Suami-istri jawa seyogyanya kompak dalam menyambut tamu, jadi tidak ada istilah tamunya suami atau tamunya istri, yang ada adalah tamu keluarga. Hal ini tidak langsung dimaknai harus selalu menemani, dalm hal ini harus empan papan (tahu situasi yang tepat). Keterbukan namun tidak blak-blakan akan ada dalam keluarga jawa. Ketika suami-istri jawa ada salah atau kekurangtepatan sikap dalam menyambut tamu, misalnya maka tidak akan segera disampaikan dihadapan tamu, tetapi dikomunikasikan dalam waktu yang mirunggan. Waktu yang mirunggan bukan hanya memperhatikan ada atau tidaknya tamu, tetapi juga memeperhatikan kepada hal-hal yang sekecil-kecilnya. Hal yang kecil-kecil tersebut tidak perlu dirinci namun cukup dirasa, dan semua orang mempuanyai kemampuan untuk itu,tidak ada kaitanya dengan jawa atau bukan. Dalam situasi yang mirunggan diharapkan komunikasi suami-istri menjadi satu seni dalam menjalani hubungan yang istiwewa sebagai suami istri jawa. Keistimewaan itu bukan semata sebagai status sosial atau koalisi biologis ekonomis semata.
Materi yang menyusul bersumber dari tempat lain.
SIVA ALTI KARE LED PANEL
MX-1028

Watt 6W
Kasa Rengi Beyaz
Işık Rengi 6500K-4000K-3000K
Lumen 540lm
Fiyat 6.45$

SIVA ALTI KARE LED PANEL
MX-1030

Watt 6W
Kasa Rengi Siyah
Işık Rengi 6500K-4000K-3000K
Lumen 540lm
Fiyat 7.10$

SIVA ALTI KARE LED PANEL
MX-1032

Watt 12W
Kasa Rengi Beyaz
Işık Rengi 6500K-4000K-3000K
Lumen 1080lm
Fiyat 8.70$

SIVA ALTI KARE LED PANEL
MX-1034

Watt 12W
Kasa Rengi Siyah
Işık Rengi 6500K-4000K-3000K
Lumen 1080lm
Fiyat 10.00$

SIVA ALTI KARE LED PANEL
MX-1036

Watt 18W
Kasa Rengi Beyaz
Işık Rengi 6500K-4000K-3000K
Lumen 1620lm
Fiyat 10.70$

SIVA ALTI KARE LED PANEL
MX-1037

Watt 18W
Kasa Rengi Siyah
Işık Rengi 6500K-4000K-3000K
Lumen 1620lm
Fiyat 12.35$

Istri sebagai garwa (sigarane nyawa) atau belahan jiwa sudah selayaknya mendapatkan tempat yang spesial dalam kehidupan suami, seperti dia memeperlakukan dan menghormati dirinya sendiri, bukan kepada pribadi lain. Hubungan semacam ini mengindikasikan ketidak terpisahan antara laki-laki dengan perempuan jawa, dengan demikian kurang pas jika membawa masuk gagasan kesetaraan gender yang notabene menunjukan keterpisahan antara laki-laki dengan perempuan. Tanpa harus melarutkan diri dalam euforia kesetaraan gender, dengan sendirinya kondisi yang dikhawatirkan tersebut akan musnah ketika sebuah keluarga benar-benar mau mendalami dan menjadi jawa.
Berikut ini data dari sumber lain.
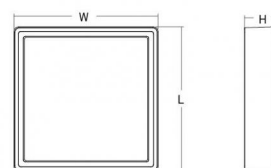

Frame Square MaxiSensor Nood Wit

Artikelcode: **5046 605346**
EAN: 7021986053463

Lichttechniek

Versie: Sensor Nood
Soort lichtbron: LED
Wattage: 21W
System wattage: 21.0W
Luminous flux: 1980lm
Werkzaamheid: 95 lm/W
Spanning: 230V
Kleurtemperatuur: 3000K
Kleurweergave (CRI): Ra>80
MacAdams factor: SDCM: 3
levensduur: L80/B20>50,000
Lichtverdeling: Direct
Bundelhoek: 110°

Montage/Aansluiting

Mounting: Opbouw, Indoor / Outdoor
Cable entry: Schroefloos klemmenblok
Koppeling: Schroefloos klemmenblok

Afmetingen (mm)

Lengte (L): 310
Breedte (W): 310
Hoogte (H): 77
Gewicht (bruto/netto): 1.9 / 1.9

Keluarga di masyarakat jawa tidak serta merta menjadi jawa. Keharmonisan dalam masing-masing keluarga jawa adalah bagian menjadi jawa itu sendiri. Orang-orang yang menggunakan bahasa jawa atau lahir dan besar di lingkungan keluarga jawa juga tidak dengan sendirinya menjadi jawa. Upaya untuk memperjuangkan kesetaraan gender dalam keluarga jawa, justru menjadi pertanyaan besar yang mengada-ada. Namun upaya itu tidaklah salah mengingat kedalaman memahami makna hubungan suami istri dalam masing-masing keluarga juga beragam. Upaya memasukkan gagasan kesetaraan gender tak jarang justru menjadi bibit ketidakharmonisan dalam keluarga jawa. Tanpa harus terburu-buru membawa angin perubahan dari barat tentang kesetaraan gender, keluarga jawa bisa lebih limpad (lihai,tangkas) dalam menyikapinya. Penyikapan tersebut tidak dengan melihat keluar kepada histeria kesetaraan gender tetapi semakin melihat ke dalam filosofi nilai-nilai menjadi jawa.